P.S.: Some might want to learn more about multivibrators based on an OpAmp:

http://www.expertsmind.com/topic/operational-amplifiers-and-their-applications/astable-multivibrator-using-op-amp-comparator-918025.aspx

http://www.daenotes.com/electronics/digital-electronics/astable-multivibrators-working-construction-types

http://www.electronics-tutorials.ws/opamp/op-amp-multivibrator.html



Vortex1

Thank you Conrad, nice to see power input, output and duty cycle data.

R-C relaxation oscillator circuits such as the Max930 are necessarily dissipative i.e a part of the energy used to charge the capacitor through the resistor is never recovered. 1 Meg and 10 nF RC is not much dissipation. You also have the wasted bias current of the comparator to deal with.

A different approach is to charge an inductor directly from a voltage source, then dump the inductor energy into the LED. The inductor will act as a near pure current source, so LED threshold voltage is easily exceeded, and current to the LED is limited only by the winding resistance resulting in a high peak current for a very short time. LED's appear very bright to the eye, although average current is low.

Most blocking oscillators such as the JT circuit attempt to do this, however the core must begin to saturate for the circuit to switch off and this dissipates power in the resistance of the winding.

A better way is to switch off before saturation and control the cycle by cycle charge into the inductor.

The Lasersaber circuit is unique in that it uses the small interwinding capacitance of the first and second windings to couple the switch on / switch off current to the base of the transistor allowing for a fast charge / discharge of base current, hence efficient switching of the transistor. This is less dissipative and provides stiffer peak current base drive than most JT circuits which use just a resistor. The interwinding capacitance also effectively limits "on time" by discharging, thus preventing saturation, hence the high switching efficiency.

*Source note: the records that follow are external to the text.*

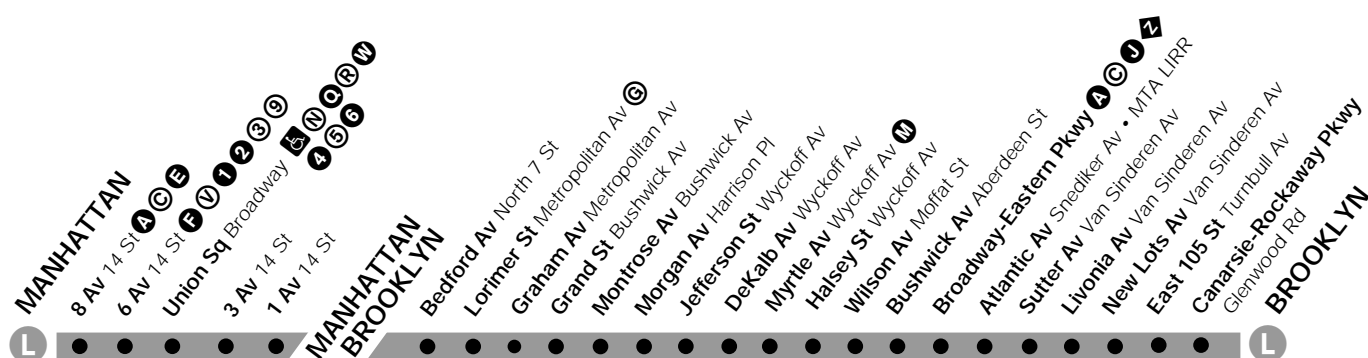

Free Transfers

You automatically get a free transfer, good for two hours, between the subway and bus when you pay your fare with Pay-Per-Ride MetroCard. Unlimited Ride MetroCard includes all transfers at no charge.

The information in this timetable may change without notice. Customers are encouraged to read red-bannered service change notices. These contain important information which might affect your trip.

For More Information

Travel information	(718) 330-1234
Non-English-speaking customers	(718) 330-4847
Customers with disabilities	(718) 596-8585
TTY/TDD users only	(718) 596-8273
Customer service (M-F, 9 AM-5 PM)	(718) 330-3322
MetroCard (M-F, 7 AM-11 PM, S-S, 9 AM-5 PM)	(212) 638-7622
Reduced-Fare MetroCard (M-F, 9 AM-5 PM)	(718) 243-4999
For MTA NYC Transit on the Internet: www.mta.info	

Holiday Service

Weekday service runs on:

Martin Luther King Jr.'s Birthday, Columbus Day, Veterans Day, Election Day.

Saturday service runs on:

President's Day.

Sunday service runs on:

New Year's Day, Memorial Day, July 4th, Labor Day, Thanksgiving Day, Christmas Day.

Bold times denote PM hours.

Please read times from left to right.

L 14 St-Canarsie Local

Station Service

- **FULL-TIME**
  Train always operates and always stops here.
- Accessible station

Transfer Points

- **A** Full-time
- **C** Part-time

tr00la02247

Weekday Service

L Southbound

From 8 Av, Manhattan, to Rockaway Pkwy, Brooklyn

8 Av	6 Av	Union Sq	3 Av	1 Av	Lorimer St	Myrtle Av	Broadway Junction	Atlantic Av	Rockaway Pkwy
12:08	12:09	12:11	12:12	12:13	12:18	12:28	12:34	12:35	12:43
12:20	12:21	12:23	12:24	12:25	12:30	12:40	12:46	12:47	12:55
12:32	12:33	12:35	12:36	12:37	12:42	12:52	12:58	12:59	1:07
12:44	12:45	12:47	12:48	12:49	12:54	1:04	1:10	1:11	1:19
12:56	12:57	12:59	1:00	1:01	1:06	1:16	1:22	1:23	1:31
1:08	1:09	1:11	1:12	1:13	1:18	1:28	1:34	1:35	1:43
1:21	1:22	1:24	1:25	1:26	1:31	1:41	1:47	1:48	1:56
1:37	1:39	1:40	1:41	1:42	1:48	1:58	2:05	2:06	2:14
1:57	1:59	2:00	2:01	2:02	2:08	2:18	2:25	2:26	2:34
2:17	2:19	2:20	2:21	2:22	2:28	2:38	2:45	2:46	2:54
2:37	2:39	2:40	2:41	2:42	2:48	2:58	3:05	3:06	3:14
2:57	2:59	3:00	3:01	3:02	3:08	3:18	3:25	3:26	3:34
3:17	3:19	3:20	3:21	3:22	3:28	3:38	3:45	3:46	3:54
3:37	3:39	3:40	3:41	3:42	3:48	3:58	4:05	4:06	4:14
3:57	3:59	4:00	4:01	4:02	4:08	4:18	4:25	4:26	4:34
4:17	4:19	4:20	4:21	4:22	4:28	4:38	4:45	4:46	4:54
4:37	4:39	4:40	4:41	4:42	4:48	4:58	5:05	5:06	5:14
4:57	4:58	5:00	5:01	5:02	5:07	5:18	5:25	5:26	5:34
5:16	5:18	5:19	5:20	5:21	5:27	5:37	5:45	5:46	5:54
5:32	5:33	5:35	5:36	5:37	5:42	5:53	5:59	6:00	6:08
5:47	5:48	5:50	5:51	5:52	5:57	6:08	6:14	6:15	6:23
6:02	6:03	6:05	6:06	6:07	6:12	6:23	6:29	6:30	6:38
6:14	6:15	6:17	6:18	6:19	6:24	6:35	6:41	6:42	6:50
6:24	6:25	6:27	6:28	6:29	6:34	6:45	6:51	6:52	7:00
6:32	6:33	6:35	6:36	6:37	6:43	6:54	7:00	7:01	7:09
6:40	6:41	6:43	6:44	6:45	6:51	7:02	7:08	7:09	7:17
6:48	6:49	6:51	6:52	6:53	6:59	7:10	7:16	7:17	7:25
6:56	6:57	6:59	7:00	7:01	7:07	7:18	7:24	7:25	7:33
7:03	7:04	7:06	7:07	7:08	7:14	7:25	7:31	7:32	7:40
7:09	7:10	7:12	7:13	7:14	7:20	7:31	7:37	7:38	7:46
7:14	7:15	7:17	7:18	7:19	7:25	7:36	7:42	7:43	7:51

Then every 4-5 minutes until:

The XEE2 circuit adds a small capacitor across the bias resistor to effect fast switching. This is commonly called a speedup network in the art. There are even better ways to effect base drive, depends on the goal, which is never carefully or clearly defined.

There is more, if anyone is interested.

conradelektro

Quote from: Vortex1 on May 15, 2014, 01:16:58 PM

A better way is to switch off before saturation and control the cycle by cycle charge into the inductor.


Well, nice idea, how can one do this? Do you have a circuit?

I think I want to do that with the adjustable narrow square wave from the MAX931 circuit. It is true that the 5 µA are lost, but it is very little in comparison to the energy needed to drive a 220 V 10 Watt LED lamp.

Keep the circuits coming, idle talk is useless.